Abstract
Purpose:
Posterior scleritis is a less common form of scleral inflammation that can be easily misdiagnosed or overlooked. The physician often uses a patient’s history in conjunction with exam findings and imaging studies to make a clinical diagnosis. Exam findings can be limited. As such, B-scan ultrasonography has become the mainstay in diagnosing posterior scleritis. Current literature often cites the value of 2mm and greater of scleral thickening to diagnose the disease. However, we hypothesize that values less than 2mm on ultrasound are often encountered in symptomatic disease. By using the contralateral eye as a control and updating population norms of scleral thickness, we can enhance the sensitivity of diagnosis with B-scan ultrasound.
Methods:
The retrospective case series study included patients with active posterior scleritis and a control group. All patients were obtained from a uveitis clinic at a tertiary-care center under one provider. Scleral thickness was measured with ultrasound by one trained clinician. Measurements of scleral thickness were made at initial examination using the mean cross-section of the sclera at the posterior pole. Additional anatomical changes were also noted, such as “T-signs” or fluid collection between the optic nerve and sclera, scleral nodules, and optic disc sheath distension.
Results:
Eight patients (16 eyes) were included.

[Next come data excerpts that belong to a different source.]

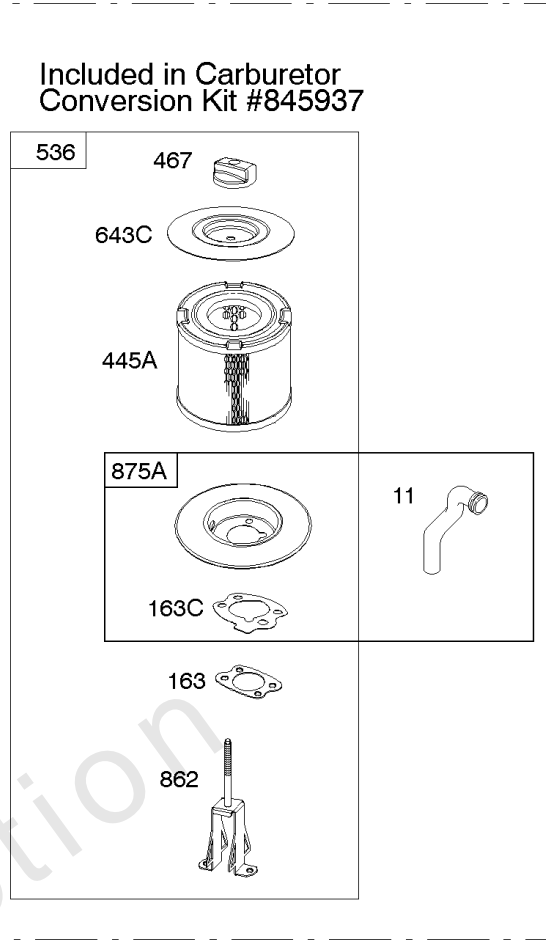

Carburetor

REF NO	PART NO	QTY	DESCRIPTION
11	691556		TUBE, Breather
51	691694		GASKET, Intake
91	809208		BODY, Upper Carburetor
94	844987		KIT, Idle Mixture
95	690718		SCREW -(Throttle Valve)
97	809007		KIT, Throttle Shaft
98	808177		KIT, Idle Speed
102	692077		GASKET, Carburetor Body
104	690723		PIN, Float Hinge
105	797410		VALVE, Float Needle -(15.87 mm Long)
105A	846635		VALVE, Float Needle -(18.87 mm)
108A	844989		VALVE, Choke
109	808398		KIT, Choke Shaft
109B	809096		SHAFT, Choke
110	806861		WASHER -(Choke Shaft) (Plastic)
117	690881		JET, Main -(Standard) (Standard)
118	844990		JET, Main -(High Altitude) (5000 Feet)
118A	809442		JET, Main -(High Altitude) (9000 Feet and Above)
119	842761		SCREW -(Upper Carburetor Body to Lower Carburetor Body) (M4x16mm)
119	690720		SCREW -(Upper Carburetor Body to Lower Carburetor Body) (M4x18mm)
130	690726		VALVE, Throttle
133A	844546		FLOAT, Carburetor
142	690725		NOZZLE, Carburetor
163	692081		GASKET, Air Cleaner -(Air Cleaner)
187	791745		LINE, Fuel -(23) (Cut to Required Length)
187	791766		LINE, Fuel -(15 Inches Long)(Cut To Required Length)
187D	791744		LINE, Fuel -(Formed)(14 Inches Long)(Cut To Required Length)
217	806862		SPRING, Choke Return
231	690718		SCREW -(Choke Valve)
255	690721		BUSHING, Choke Shaft
276B	806137		WASHER, Sealing -(Fuel Solenoid)
365	690711		SCREW -(Carburetor/Throttle Body) (M8x38mm)
365A	690866		SCREW -(Carburetor/Throttle Body) (M6 x 98mm)
445A	393957S		FILTER, A/C Cartridge
467	691985		KNOB, Air Cleaner Cover -Used Before Code Date 10040100
467	846431		KNOB, Air Cleaner Cover -Used After Code Date 10033100
536	845198		CLEANER, Air
601	791850		CLAMP, Hose
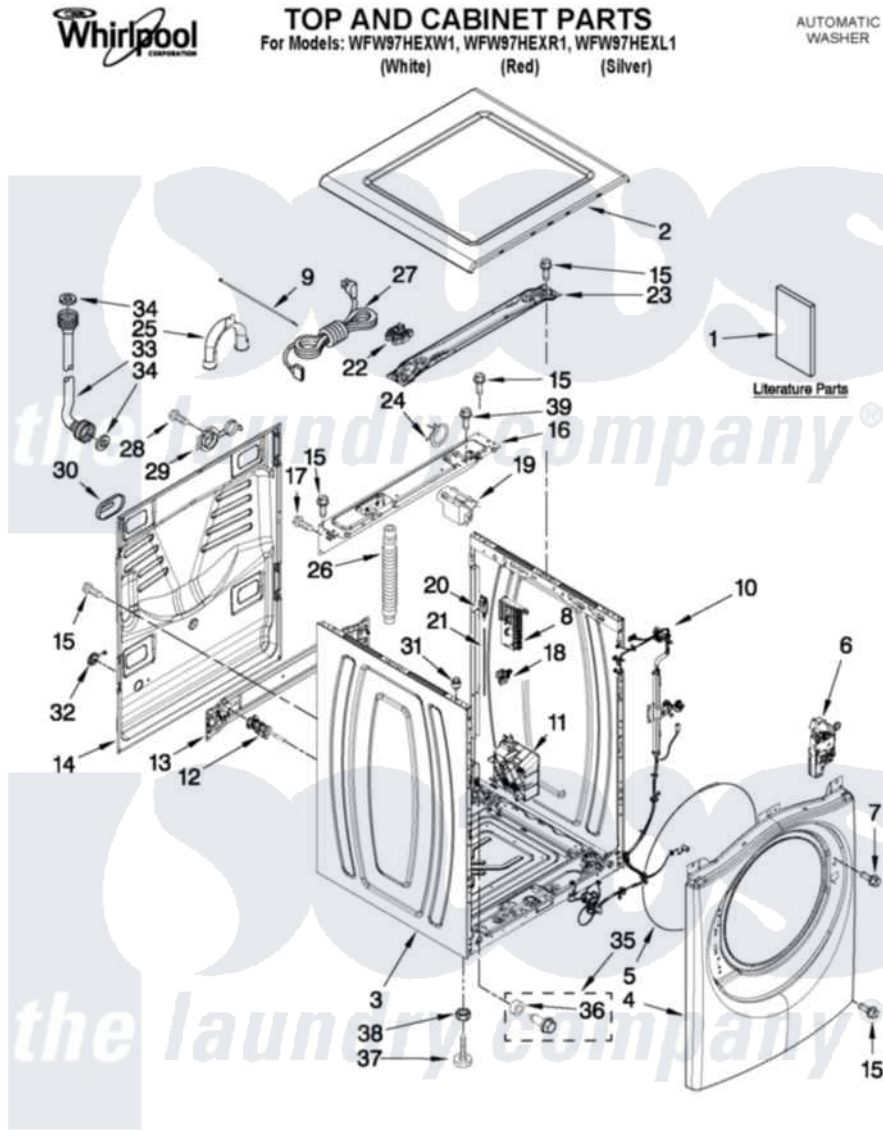

Whirlpool WFW97HEXL1 01 - TOP AND CABINET PARTS

8-11 Printed in U.S.A. (drd) (psw) 1 Part No. W10369474 Rev. A

Whirlpool Residential Whirlpool WFW97HEXL1 Washer Parts Parts Diagram 01 - TOP AND CABINET PARTS
 Click on the part number to view part

4	W10208193		Panel, Front
"	W10337800	W10441112	Panel
"	W10316293		Panel, Front
5	W10237503		Retainer, Bellow To Front Panel
6	W10306374		Lock, Door
7	8540282	8181661	Screw, Actuator
8	W10292620	W10389927	Control-Elec
9	W10339879		Tie, Cable
10	W10271986		Harness, Wiring
11	W10374126		Motor Control Unit
12	W10271590	W10498442	Bolt
13	W10237498		Brace, Transport
14	W10237492		Panel, Rear
15	W10142290		Screw, 8-18 X 5/16
16	W10354386		Brace, Rear
17	W10305097		Screw, M4.1-1.8 X 57
18	W10181028		Clip, Pressure Switch Hose
19	W10326464		Filter, Interference
20	W10312527		Switch, Analog Pressure Sensor
21	W10251962		Hose, Pressure Switch
22	W10245452		Retainer, Spring
23	W10237490		Brace, Top
24	356138		Clamp, Hose
25	W10280024		U-Bend, Drain Hose
26	W10267638		Hose, Drain
27	W10326100	W10434975	Cord, Power
28	3351614		Screw, Gearcase Cover Mounting
29	W10275820		Cover, Power Cord- Transport
30	8182700	8540268	Cover, Transport
31	W10208380		Screw, Bush Assembly
32	W10304004		Cover, Power Cord
33	W10194208	89503	Hose-Inlet
"	8571378	89503	Hose-Inlet
34	W10242307	16123	Washer Inlet-Hose Miscellaneous Parts Must be Ordered Separately.
35	W10298211		Stud Assembly, Front Panel
36	W10323182		Spacer, Front Panel
37	W10001130		Foot, Leveling
38	3359452		Nut, Lock
39	8540329		Screw, 8-18 X 7/16
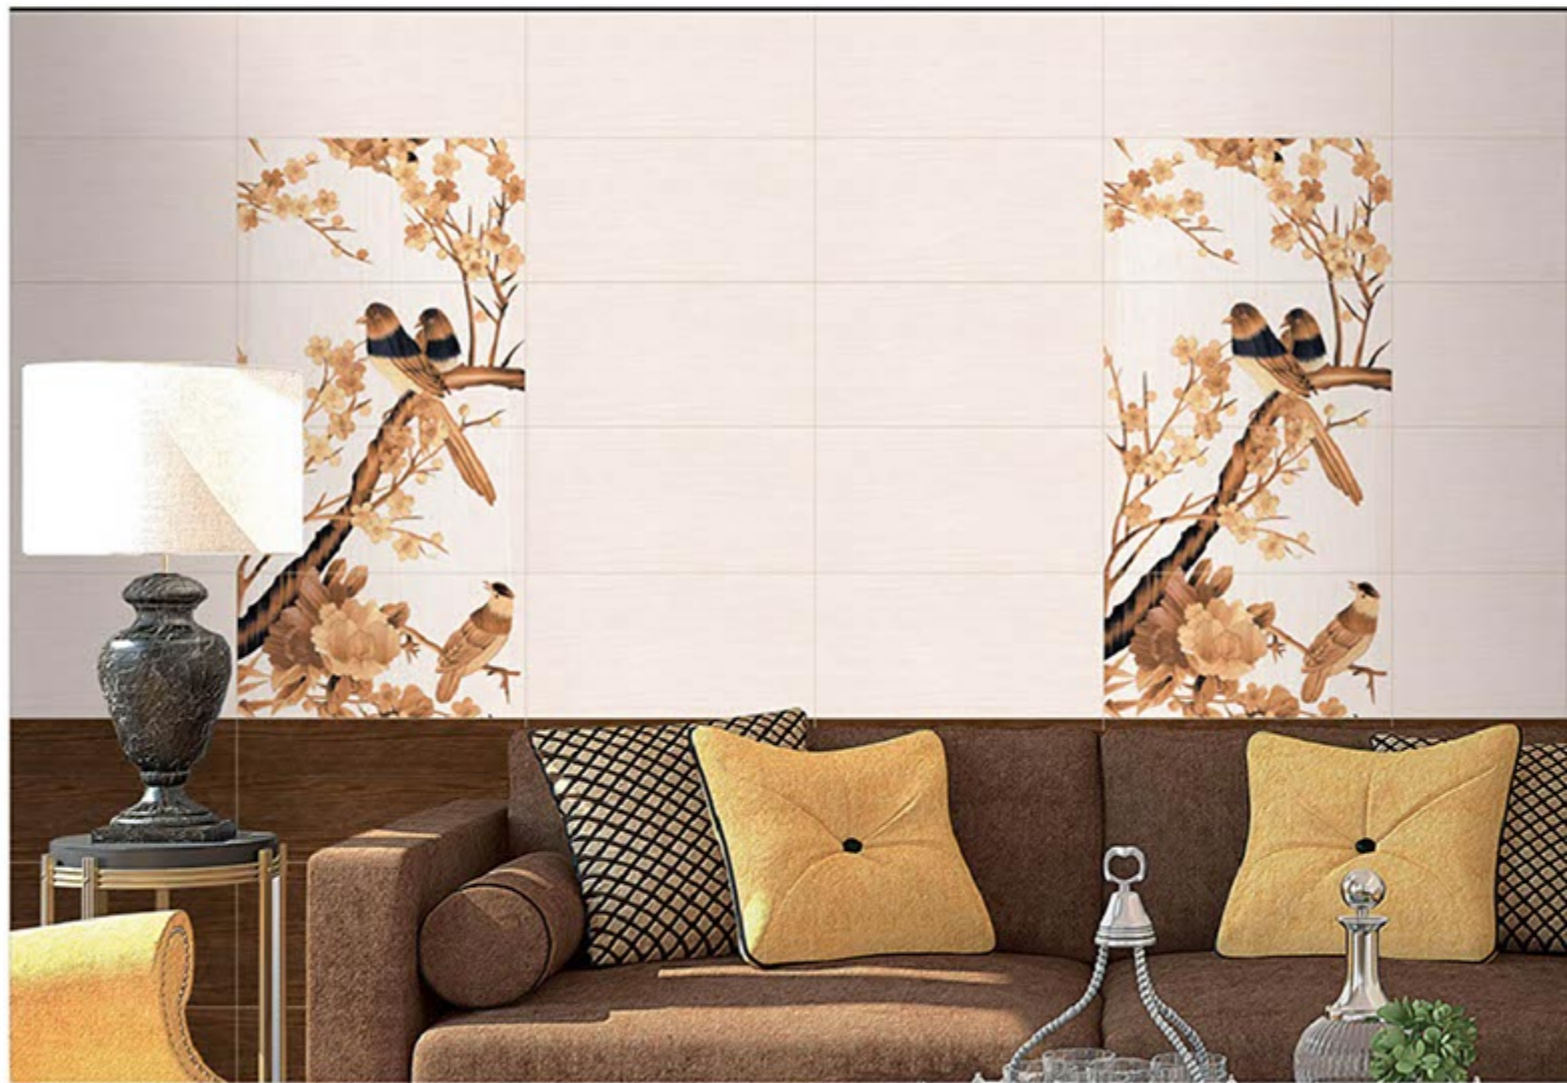

# 300x600 mm DIGITAL WALL TILES

1796-HL-A/B/C/D

1796-L

1796-D

WALL APPLICATION | HD DIGITAL PRINTING | RANDOM EFFECTS | GLOSSY

**300x600 mm**  
DIGITAL WALL TILES

1797-POSTER-(6 pic)

WALL APPLICATION | HD DIGITAL PRINTING | RANDOM EFFECTS | GLOSSY

Scleral thickness was measured in 81.3% of patients and measurements were reproducible. The scleral thickness in inflamed eyes was 1.94 ± 0.18mm. This was compared to normal data showing thickness of 0.94 ± 0.18mm. A significant difference was seen between the normal mean and patients with posterior scleritis (P value < 0.00001). A subset of patients had one unaffected eye and one affected eye which were compared. The scleral thickness between their two eyes was significantly different (P value of 0.03). Although scleral thickening was evident on the images of all inflamed patients, only five eyes presented with scleral thickness ≤ 2mm. Three eyes presented with T-signs. No eyes showed scleral nodules. One eye showed optic disc sheath distention.
Conclusions:
Our results are consistent with our hypothesis that B-scan ultrasound can be effectively used to observe disease at values less than 2mm. It also opens a dialogue for updated guidelines regarding B-scan ultrasound for posterior scleritis, ultimately to improve the sensitivity of diagnostic testing.